(TASK STATEMENT):
Please find the lines in the entries below that contain the word "Central", and copy each one.

Entries taken from a collection:
■ ■ ■ ■

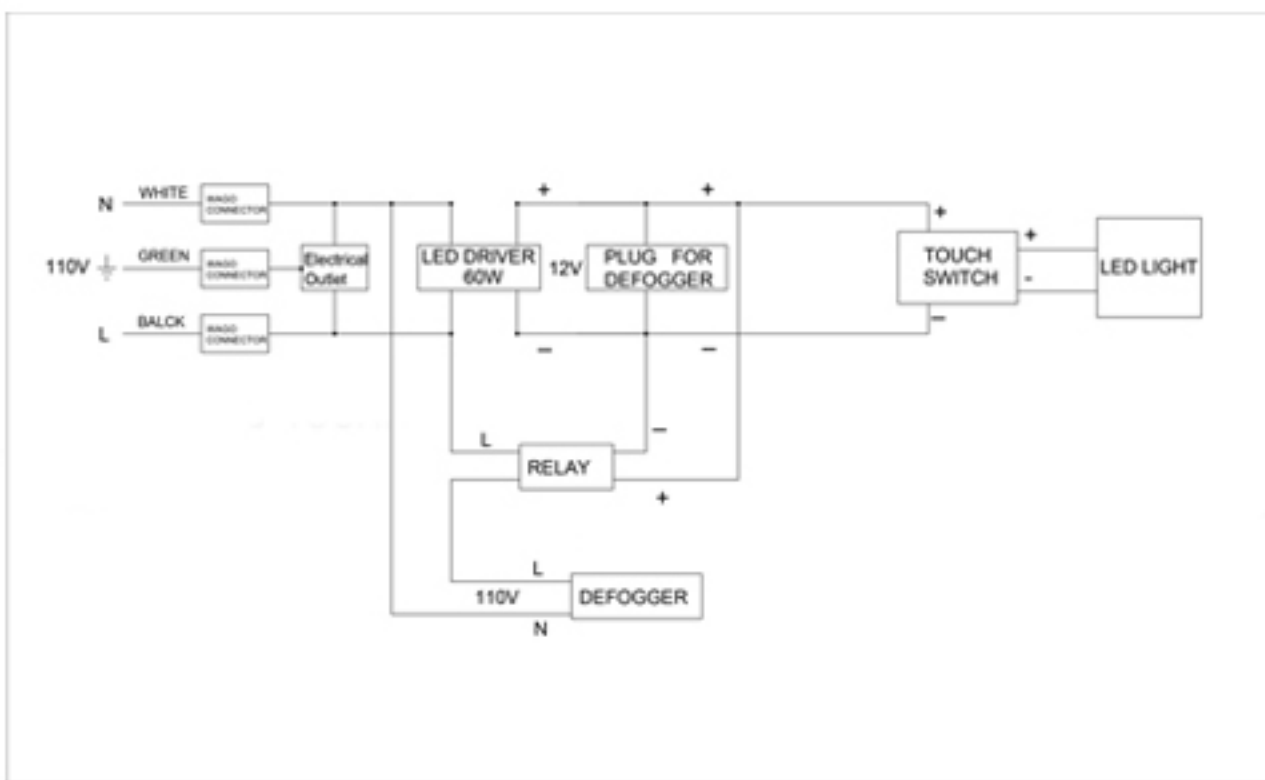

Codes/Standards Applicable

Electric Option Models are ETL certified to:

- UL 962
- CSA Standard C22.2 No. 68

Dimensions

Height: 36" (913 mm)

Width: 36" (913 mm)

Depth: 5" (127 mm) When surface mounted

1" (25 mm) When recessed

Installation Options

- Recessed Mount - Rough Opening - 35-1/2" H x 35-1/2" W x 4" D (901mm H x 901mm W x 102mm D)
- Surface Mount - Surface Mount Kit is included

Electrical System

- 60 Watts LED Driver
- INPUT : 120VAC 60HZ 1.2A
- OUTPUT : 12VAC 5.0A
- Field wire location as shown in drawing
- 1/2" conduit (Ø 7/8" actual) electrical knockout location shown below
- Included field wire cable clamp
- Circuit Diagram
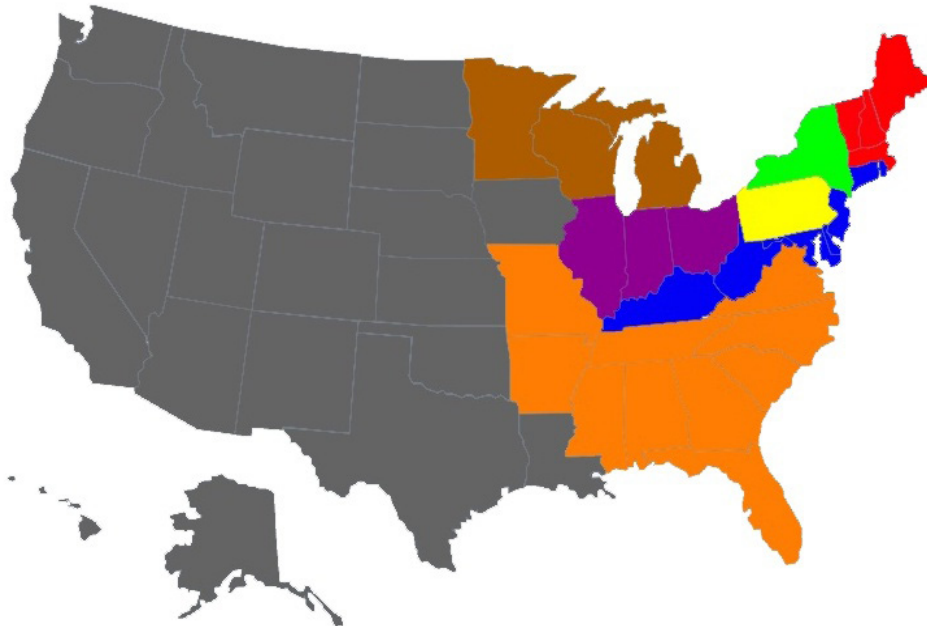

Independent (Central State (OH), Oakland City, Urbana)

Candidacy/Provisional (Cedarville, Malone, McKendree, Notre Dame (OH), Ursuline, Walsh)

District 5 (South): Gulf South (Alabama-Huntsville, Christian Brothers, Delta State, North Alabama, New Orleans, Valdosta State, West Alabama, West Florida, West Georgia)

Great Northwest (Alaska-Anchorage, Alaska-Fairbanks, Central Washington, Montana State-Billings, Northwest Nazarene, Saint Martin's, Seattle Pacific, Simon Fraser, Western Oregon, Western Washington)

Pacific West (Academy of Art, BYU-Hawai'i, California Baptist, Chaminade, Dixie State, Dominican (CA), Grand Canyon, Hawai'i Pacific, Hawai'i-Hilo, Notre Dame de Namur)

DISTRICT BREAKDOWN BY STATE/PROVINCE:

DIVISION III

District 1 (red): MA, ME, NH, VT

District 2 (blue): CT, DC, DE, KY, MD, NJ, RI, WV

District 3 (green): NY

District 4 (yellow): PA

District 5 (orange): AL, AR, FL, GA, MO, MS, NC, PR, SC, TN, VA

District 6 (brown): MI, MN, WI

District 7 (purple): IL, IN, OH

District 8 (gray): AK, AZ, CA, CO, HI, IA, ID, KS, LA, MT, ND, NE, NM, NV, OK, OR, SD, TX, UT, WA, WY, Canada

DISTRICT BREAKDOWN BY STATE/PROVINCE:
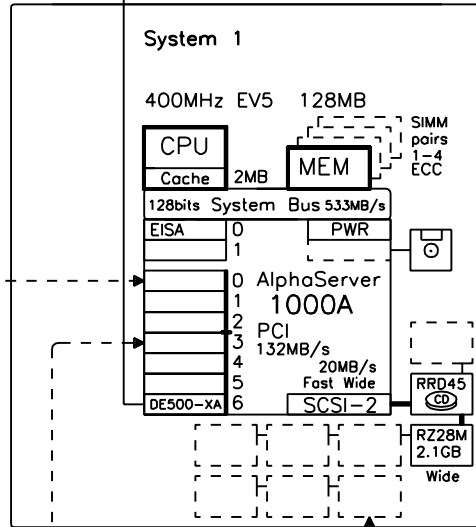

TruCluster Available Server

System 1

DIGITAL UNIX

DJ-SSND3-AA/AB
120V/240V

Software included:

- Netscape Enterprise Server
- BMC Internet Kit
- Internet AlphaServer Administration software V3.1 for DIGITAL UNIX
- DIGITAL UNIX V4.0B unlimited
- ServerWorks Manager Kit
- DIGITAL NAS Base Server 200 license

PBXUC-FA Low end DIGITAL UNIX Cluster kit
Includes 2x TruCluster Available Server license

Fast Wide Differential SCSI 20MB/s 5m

■ ■ ■ ■

(ANSWER SECTION):
Independent (Central State (OH), Oakland City, Urbana)
Great Northwest (Alaska-Anchorage, Alaska-Fairbanks, Central Washington, Montana State-Billings, Northwest Nazarene, Saint Martin's, Seattle Pacific, Simon Fraser, Western Oregon, Western Washington)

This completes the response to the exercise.